Running data preparation inside a managed notebook (SageMaker Studio or Notebook Instances) ties the work to a fixed, often underpowered, instance type (for example, ml.t3.medium). Large datasets — for example, a CSV with 1,000,000 rows and 500 columns — frequently require far more CPU, memory, or distributed processing than a notebook kernel can provide. Common heavy preprocessing tasks include:
  • Missing-value imputation
  • Numeric scaling (StandardScaler, MinMaxScaler)
  • One-hot encoding categorical variables
  • Feature engineering (arithmetic combinations, time differences)
  • Train/validation splits with class balancing
  • Sampling, SMOTE, or other resampling approaches
If you run these steps inside a constrained notebook instance, the workload will be slow and tightly coupled to that environment, making it hard to scale, reproduce, and automate.
A slide titled "Problem: Processing Large Datasets in Jupyter Notebooks" listing three issues: high memory/compute constraints, slow preprocessing, and preprocessing tightly coupled with training. To the right is a diagram showing a large source.csv (1M rows × 500 columns) on S3 triggering a warning when accessed by a SageMaker JupyterLab (ml.t3.medium) Python notebook.

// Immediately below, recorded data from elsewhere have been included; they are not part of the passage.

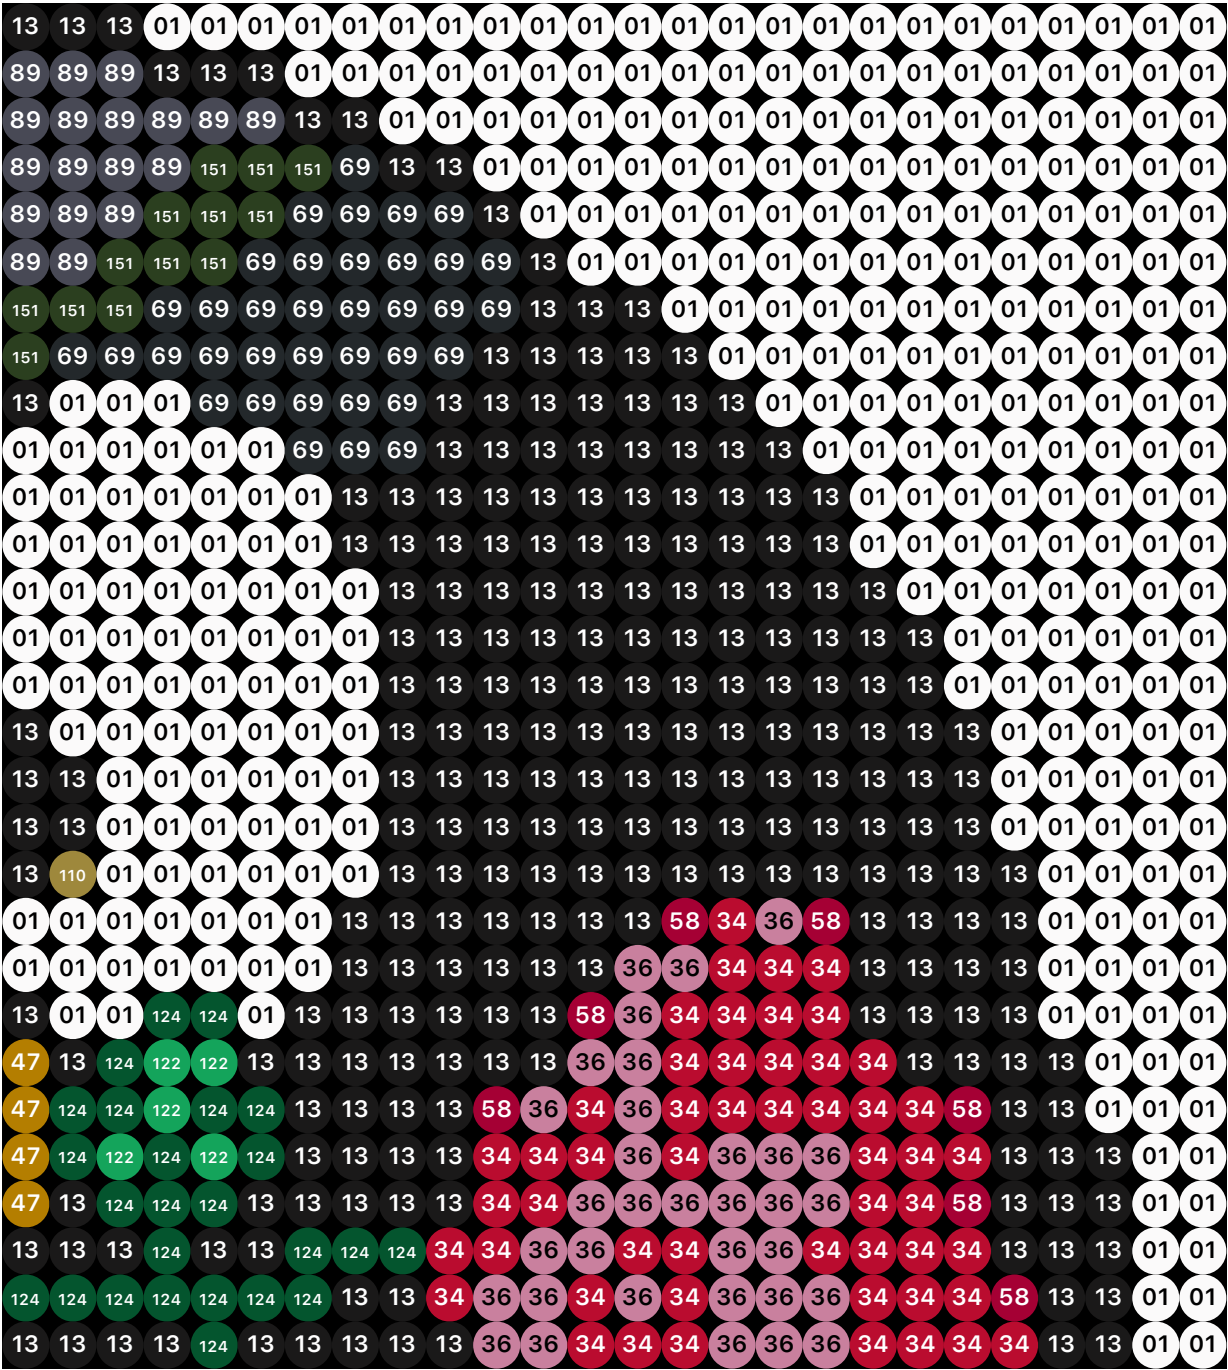

Patroongrootte: 55 x 58

Platen: 2 x 2

Type: Midi

Totaal kralen: 3.190

**Sweet
Penguin**

Artkal (S)

01 S01
White
Kwantiteit: 1.252

34 S34
Red
Kwantiteit: 147

47 S47
Marigold
Kwantiteit: 140

77 S77
Ghost White
Kwantiteit: 1

122 S122
Eucalyptus
Kwantiteit: 12

05 S05
Tall Poppy
Kwantiteit: 147

36 S36
Old Pink
Kwantiteit: 48

58 S58
Paprika
Kwantiteit: 50

89 S89
Charcoal Gray
Kwantiteit: 115

124 S124
Pooltable Felt
Kwantiteit: 41

13 S13
Black
Kwantiteit: 946

41 S41
Copper
Kwantiteit: 62

69 S69
Mine Shaft
Kwantiteit: 125

110 S110
Beach Beige
Kwantiteit: 67

151 S151
Forrest Green
Kwantiteit: 37

Solution: Offload preprocessing to SageMaker processing jobs

SageMaker processing jobs run the provided script inside managed containers on dedicated instances or clusters you request. From a notebook, you submit a processing job (via the SageMaker Python SDK or APIs) and SageMaker provisions the requested compute, pulls the container, executes the script, and writes outputs to S3. Typical options:
  • Single large instance (e.g., ml.c5.12xlarge) for CPU-bound tasks
  • Multi-node clusters with PySpark for distributed workloads
  • GPU instances for GPU-accelerated preprocessing (image feature extraction, large model-based transforms)
  • Managed framework containers (SKLearn, PySpark, PyTorch, TensorFlow) or a custom container via ScriptProcessor
High-level flow:
  1. Notebook defines processing job: code, inputs, outputs, compute resources.
  2. Notebook submits the job using the SageMaker SDK.
  3. SageMaker provisions instance(s), pulls the container image, runs the code, and writes outputs to S3.
  4. Notebook (or pipeline) consumes processed artifacts (S3, Feature Store, or downstream training).
A diagram titled "Solution: Offloading Data Processing to SageMaker" showing data flowing from S3 (source.csv, 1M rows x 500 columns) into a SageMaker Data Processing Job (ml.c5.12xlarge) running a PySpark container with a data processing script, then writing processed.csv (990k rows x 200 columns) back to S3. It also shows a SageMaker JupyterLab space (ml.t3.medium) with a Jupyter notebook/Python kernel connected to the processing container.
Why offload?
  • Decouple preprocessing compute from interactive development sessions
  • Right-size compute for each job (single large instance vs. multi-node clusters)
  • Reuse managed framework containers when available (scikit-learn, PySpark, PyTorch, TensorFlow)
  • Bring your own container for custom dependencies and runtime control (ScriptProcessor)
  • Integrate with S3, SageMaker Feature Store, and SageMaker Pipelines for reproducible workflows
Slide titled "SageMaker Data Processing Jobs – Key Benefits" showing three numbered panels: dedicated compute for preprocessing, distributed processing support (Spark, SageMaker containers like SKLearn/PyTorch or custom Docker), and seamless S3/SageMaker integration (Feature Store and Pipelines).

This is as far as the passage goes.